Although many different techniques have been developed for the protection of digital content, the following Specification is described with respect to one example, broadcast encryption. Broadcast encryption is based upon a key management block (KMB) , which is a block of data sent at the beginning of a broadcast or is prerecorded on blank media during the manufacturing process. One of the largest advantages to broadcast encryption is that two devices, which might be previously unknown to each other, can agree upon a key over a one-way communication path. This advantage makes broadcast encryption ideal for the downloading of digital content from a server to a user.

A simple explanation of the procedure to encrypt a piece of content as follows:

1. Extract a Management Key (Km) by processing the KMB.

2. Perform a one-way function to a piece of data that uniquely identifies the entity this content is being bound to (or the "IDb") , using Km and resulting in a binding key (i.e. Kb = G(Km,

IDb) ) .

3. Choose a random title key (Kt) for this piece of content and encrypt it using Kb, resulting in an encrypted title key (EKt) (i.e. EKt = E( Kb, Kt) ) . 4. The content is encrypted with the Kt and then the encrypted content is stored in conjunction with the EKt.

Once the procedure has been implemented, any compliant device that has access to the same KMB, IDb and EKt can decrypt the content by reproducing the same Kb and decrypting Kt.
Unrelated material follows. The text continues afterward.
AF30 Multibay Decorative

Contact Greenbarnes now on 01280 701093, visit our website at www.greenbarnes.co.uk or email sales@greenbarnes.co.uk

Summary of the Invention

According to a first aspect, there is provided a system for digital rights management (DRM), comprising: a processor; a non-volatile memory coupled to the processor; logic, stored on the non-volatile memory and executed on the processor, for authenticating a digital content playback device; and logic, stored on the non-volatile memory and executed on the processor, for applying digital rights processing algorithms to digital rights controlled content stored on the digital content playback device to enable digital content playback on the digital content playback device.

According to a second aspect, there is provided a method for executing digital rights management (DRM), comprising: configuring a portable processing device to authenticate a digital content playback device; storing on a non-volatile memory logic coupled to the portable processing device digital rights processing algorithms; communicatively coupling the portable processing device and the digital content playback device; and enabling digital content playback on the digital content playback device with the digital rights processing algorithms on the portable processing device once the portable processing device has authenticated the digital content playback device.

According to a third aspect, there is provided a computer programming product for digital rights management (DRM), comprising: a non-volatile memory; logic, stored on the non-volatile memory, for authenticating a digital content playback device; and logic, stored on the non-volatile memory, for applying digital rights processing algorithms to digital rights controlled content stored on the digital content playback device to enable digital content playback on the digital content playback device.

There is provided a method for separating the resources necessary for managing DRM from the devices that provide user access to the materials. In this manner, playback devices can be made less complex and cheaper. In addition, a centralized point for managing DRM among multiple playback devices would provide more interoperability among the devices and simplify the management of the DRM resources. For example, upgrades, patches or other changes to DRM software preferably only need to be propagated to a single device rather then to each device that provides access to the DRM protected material. Provided, in accordance with a preferred embodiment, is a method for removing digital rights management (DRM) resources from digital content playback devices such as personal digital assistants (PDAs) , televisions sets, and players of CDs, DVDs and MP3 files. Materials protected by DRM are stored on the playback devices but the disclosed technology preferably provides a separate device for providing access to the materials. In other words, a device such as, but not limited to, a multimedia card (MMC) or a DRM processor (DRMP) , preferably provides memory, processing, logic and an interface for accessing DRM material on a playback device. The MMC may be inserted into multiple devices and preferably provides the resources necessary for accessing the DRM protected material on each device when inserted. The DRMP is preferably coupled either wirelessly or through available connections to the playback device to provide DRM resources. This technology preferably enables multiple playback devices to operate independently and also preferably maintains the portability of the protected materials.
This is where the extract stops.